### Problem to solve
With the images removed, repeat the data below exactly.

### Input material
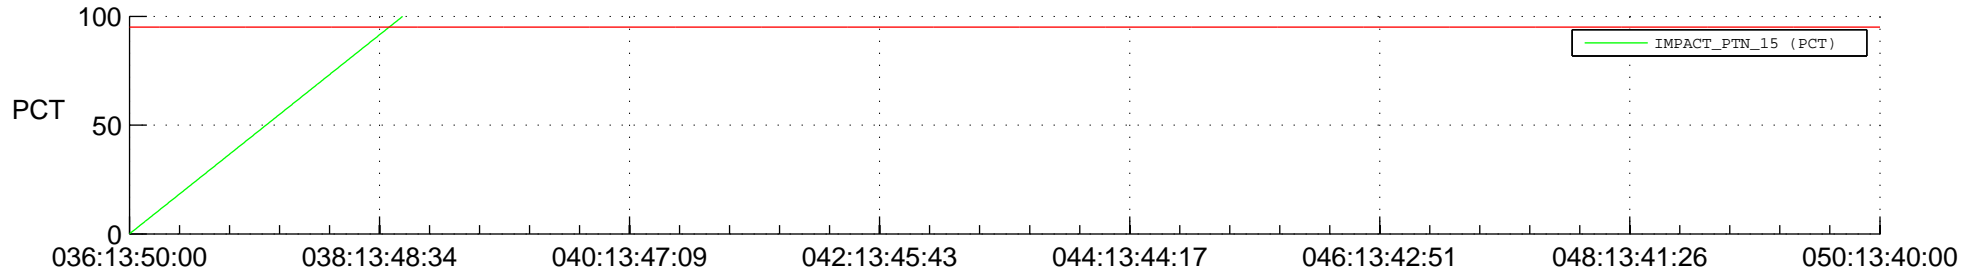

STEREO BEHIND SSR PCT Full Prediction

SWAVES_Percent_Full_Prediction

IMPACT_Percent_Full_Prediction

PLASTIC_Percent_Full_Prediction

Spacecraft_DownLink_Rate

Ground Time (2018:036:13:50:00.000 -2018:050:13:40:00.000)
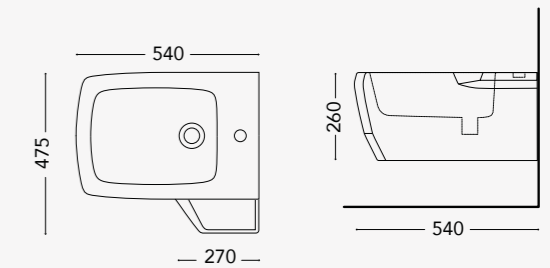

GLOSSY

MATT

BIDET

W-EDG08.BF
Floor standing bidet

W-EDG09.BW
Wall hung bidet

NOTE

All dimensions in mm tolerance +5% for below 200mm and +3% for above 200mm

ROUND WING OPTION

### Solution to this exercise
STEREO BEHIND SSR PCT Full Prediction

SWAVES_Percent_Full_Prediction

IMPACT_Percent_Full_Prediction

PLASTIC_Percent_Full_Prediction

Spacecraft_DownLink_Rate

Ground Time (2018:036:13:50:00.000 -2018:050:13:40:00.000)

GLOSSY

MATT

BIDET

W-EDG08.BF
Floor standing bidet

W-EDG09.BW
Wall hung bidet

NOTE

All dimensions in mm tolerance +5% for below 200mm and +3% for above 200mm

ROUND WING OPTION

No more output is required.